Last updated: January 14, 2026

This Privacy Policy describes how VibeVaults (“we”, “us”, “our”) collects, uses, and protects personal data in connection with the use of our service, as described in our Terms of Service.

1. Who We Are

Service name: VibeVaults
Operator: József Tar
Contact email: support@vibe-vaults.com
Location: European Union (Hungary)

We operate a hosted feedback widget and administrative dashboard service.

2. Scope of This Policy

This Privacy Policy applies to:

  • visitors of our website
  • customers using the administrative dashboard
  • end users submitting feedback through embedded widgets

Use of the Service is also governed by our Terms of Service.

3. What Data We Collect

3.1 Admin Users (Customers)

We collect:

  • Email address
  • Authentication data (handled via Supabase, stored securely)
  • Subscription and billing status (handled by Stripe)

We do not store full payment card details.

3.2 End Users (Feedback Widget)

When feedback is submitted via a widget, we may collect:

  • Feedback content submitted voluntarily
  • Technical metadata such as IP address and user agent (for security and abuse prevention)

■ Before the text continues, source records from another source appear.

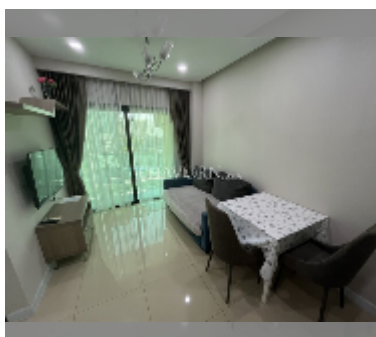

Condo for sale 1 bedroom 35 m² in Dusit Grand Condo View, Pattaya

฿ 2,400,000

UNIT PARAMETERS:

UID	FS-240591
quota	foreign quota
type	1 bedroom
size	35m²
floor	5
view	city view
quality	good
equipment: furniture, air conditioner, television, washing-machine, refrigerator	

PROJECT PARAMETERS:

district	Jomtien
buildings	1
floors	36
built in	2016
maintenance	฿ 16,800/year

FACILITIES:

General information: highrise, meters to beach: 300, underground parking, open parking.

Swimming pool: swimming pool, kids pool, waterfall, jacuzzi.

Health zone: gym.

Other: reception, CCTV, security, minimart, laundry.
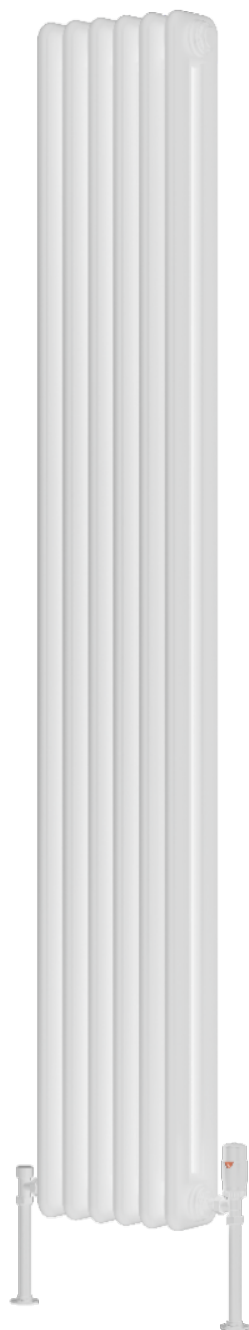

# HEDINGHAM VERTICAL

Mild Steel Radiator

**REINA**  
DESIGNER RADIATOR

white

black

**REINA**  
DESIGNER RADIATOR

# HEDINGHAM VERTICAL

Mild Steel Radiator

**REINA**  
DESIGNER RADIATOR

5 Years Guarantee

Material: Mild Steel

The Reina Hedingham Vertical Radiator boasts a timeless column design, bringing classic elegance to any space. Available in a range of sizes to suit any room, it comes in classic white or bold black, making it a perfect fit for any interior style. Crafted from durable steel and backed by a 5-year guarantee, it delivers both style and reliability. Plus, with next working day availability, you can upgrade your heating in no time.

# HEDINGHAM VERTICAL

Mild Steel Radiator

**REINA**  
DESIGNER RADIATOR

## Available Colours

white

black
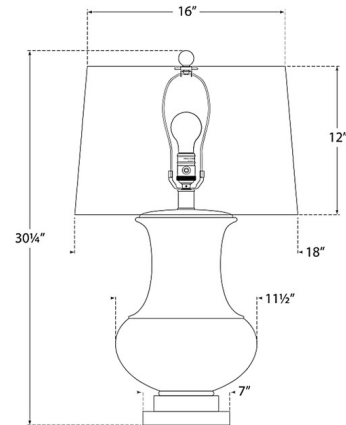

Description

The Deauville Table Lamp brings a clean, simple look to your interior space. The decorative urn shaped body is topped with a tapered linen shade that casts warm light across your room. Dimmer switch is located on the lamp socket.

Specifications

COLOR Linen
BODY FINISH Celadon
WATTAGE 150W
DIMMER Included
DIMENSIONS 18"W x 30.25"H
BULB NOT INCLUDED 1 x A21/Medium (E26)/150W/120V Incandescent
OTHER BULB OPTIONS 1 x A21/Medium (E26)/120V LED

Technical Information

PRODUCT DIMENSIONS Cord: 120"

Shown in celadon / linen

CLICK TO VIEW PRODUCT

Notes:
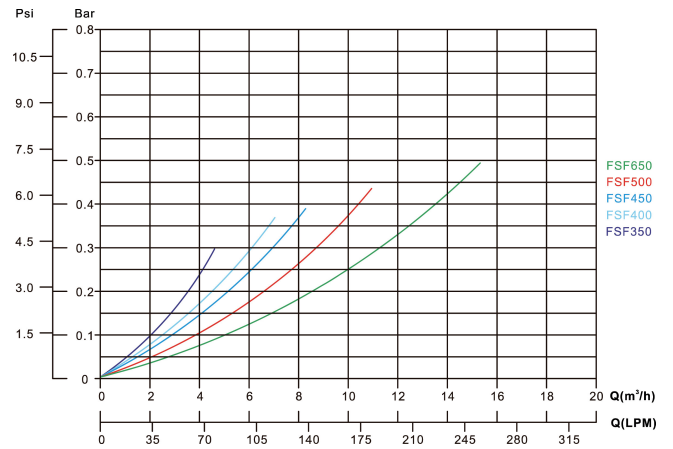

Flotide Pool Filter set
PE/fibreglass-reinforced
polyester 50 mm / 1 1/2"
metric/imperial glue socket
2,5bar 230VAC grey type
FSF450-6W with RCD plug
(0897596)

FLOTIDE

TECHNICAL SPECIFICATIONS

Colour	grey
Material	PE/fibreglass-reinforced polyester
Connection	metric/imperial glue socket
Voltage	230VAC
Frequency	50 Hz
Pressure	2,5 bar
Max. temp.	43 °C
Type	FSF450-6W
Size	50 mm / 1 1/2"
Diameter	455 mm
Weight	26.1 kg
Sand	45 kg
Max flow rate	8 m ³ /h
Pump	SS075
Max. pool vol.	40 m ³

DIMENSIONS

A 760 mm

B 813 mm

PRODUCT INFORMATION

PE/fibreglass-reinforced polyester double layered tank with unequalled strength and durability. Equipped with top mount 6-way valve and centrifugal pump with pre-filter. Switch off the pump before each lever action.
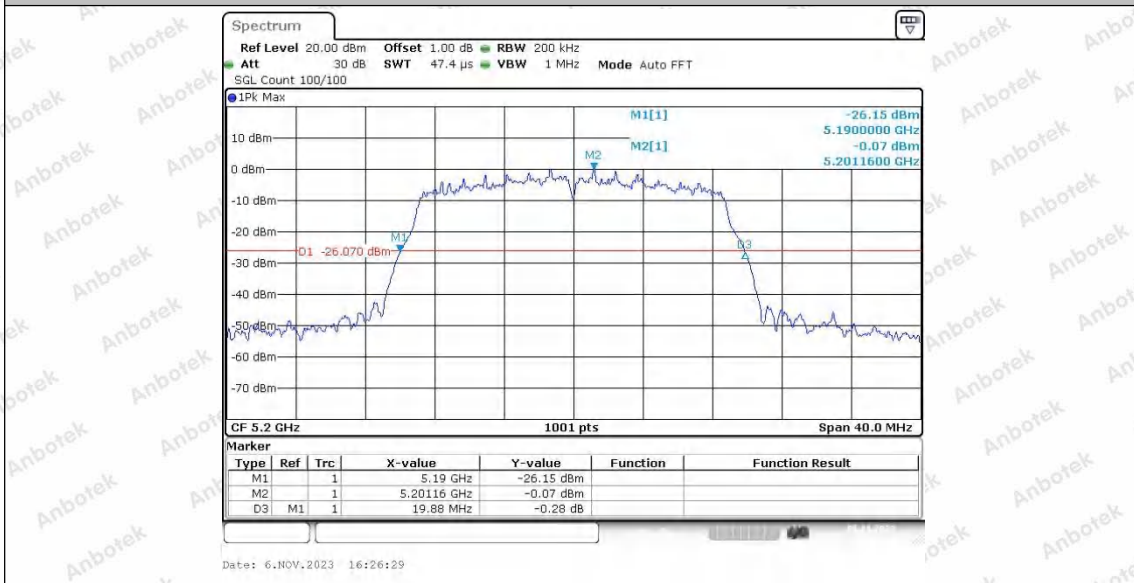

11AC20SISO_Ant1_5200

Shenzhen Anbotek Compliance Laboratory Limited

Address: 1/F., Building D, Sogood Science and Technology Park, Sanwei Community, Hangcheng Street, Bao'an District, Shenzhen, Guangdong, China.
Tel: (86) 0755-26066440 Fax: (86) 0755-26014772 Email: service@anbotek.com

Hotline 400-003-0500
www.anbotek.com.cn

We do not require end users to create accounts.

4. Data Controller and Data Processor Roles

  • Our customers act as data controllers for feedback collected through widgets.
  • VibeVaults acts as a data processor, processing feedback data solely on behalf of customers.

Customers are responsible for informing their end users about data collection and usage.

5. How We Use the Data

We use personal data only to:

  • Provide and operate the Service
  • Authenticate admin users
  • Store, display, and manage feedback
  • Prevent abuse, spam, and misuse
  • Process subscriptions and payments
  • Communicate service-related information

We do not use personal data for advertising purposes.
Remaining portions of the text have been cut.